►

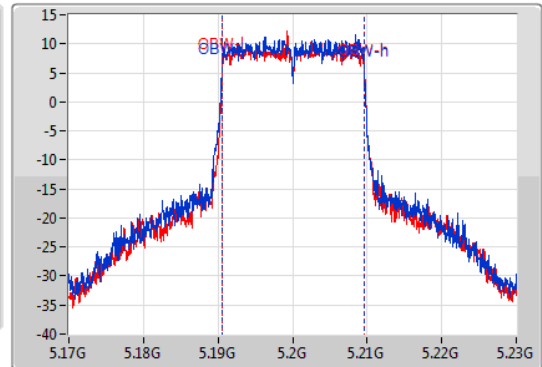

**EBW**

**5200MHz**

06/02/2020

CF  
5.2GHz  
Span  
60MHz  
RBW  
200kHz  
VBW  
1MHz  
Sweep Time  
100ms  
Detector Type  
Peak

CF  
5.2GHz  
Span  
60MHz  
RBW  
200kHz  
VBW  
1MHz  
Sweep Time  
100ms  
Detector Type  
Peak
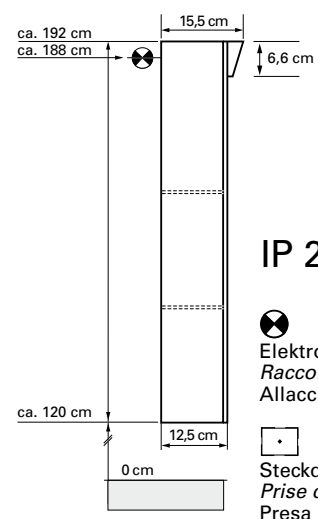

avonaLED

SIDLER

Artikel Article Articolo	618 078	Ausgabe Edition Edizione	03-2017

Art. No 23.050.L AV 1/50/LED Mut.

Spiegelschrank avonaLED 1/50, l+r
Armoire de toilette avonaLED 1/50, g+d
Armadio da bagno avonaLED 1/50, s+d

SIDLER Metallwaren AG, 8590 Romanshorn
Telefon 071 466 90 10, Telefax 071 466 90 11
www.sidler-spiegelschraenke.ch

IP 24

Elektroanschluss
Raccord électrique
Allacciamento elettrico

Steckdose
Prise de courant
Presa elettrica
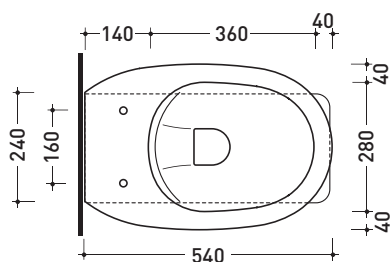

Dim. Imballo

Peso 30,5 kg

Pz. Pallet n° 15

CE UNI EN 997

Dop-No997

**ATTENZIONE: fissaggio a pavimento tramite silicone**

vista zenitale / zenital view

vista laterale / lateral view

vista retro / back view

da/ from 100 a/ to 120 mm

sezione longitudinale / section

sezione longitudinale / section

dimensioni in mm

Le misure dimensionali riportate hanno una tolleranza del 2%

CERAMICA: finiture lucide

sezione longitudinale / section

vista retro / back view

dimensioni in mm

Le misure dimensionali riportate hanno una tolleranza del 2%

CERAMICA: finiture lucide

finiture opache

bianco

nero

◄

Task objective
Report each line of the entries where the word "vista" occurs.

Exercise result
vista zenitale / zenital view
vista laterale / lateral view
vista retro / back view
vista retro / back view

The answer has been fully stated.